Content starts

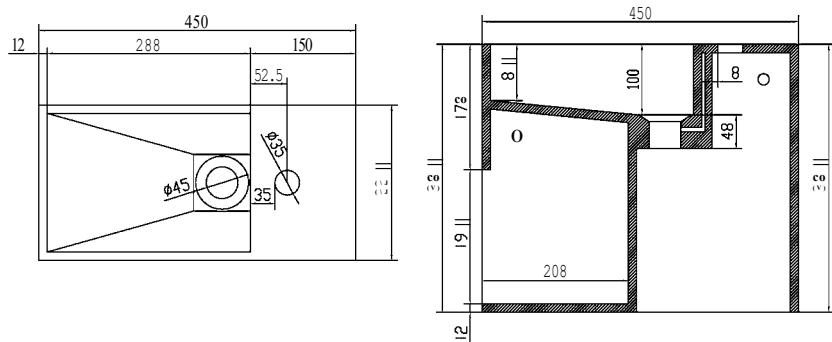

Solidcube væghængt håndvask med hanehul

40x22x10 cm

Mathvid

○ 280172

2.530

Vasken er højre/venstre vendbar og fås med og uden hanehul

Solidwash væghængt håndvask med hanehul og hylde

45x22x38 cm

Mathvid

○ 280173

4.620

Vasken er højre/venstre vendbar og fås med og uden hanehul

Solidthin håndvask til bordmontering

39x14,5 cm

Mathvid

○ 280181

2.960

Content ends

Task:
Every line above goes into the copy unchanged; the pictures do not.

Response:
Solidcube væghængt håndvask med hanehul

40x22x10 cm

Mathvid

○ 280172

2.530

Vasken er højre/venstre vendbar og fås med og uden hanehul

Solidwash væghængt håndvask med hanehul og hylde

45x22x38 cm

Mathvid

○ 280173

4.620

Vasken er højre/venstre vendbar og fås med og uden hanehul

Solidthin håndvask til bordmontering

39x14,5 cm

Mathvid

○ 280181

2.960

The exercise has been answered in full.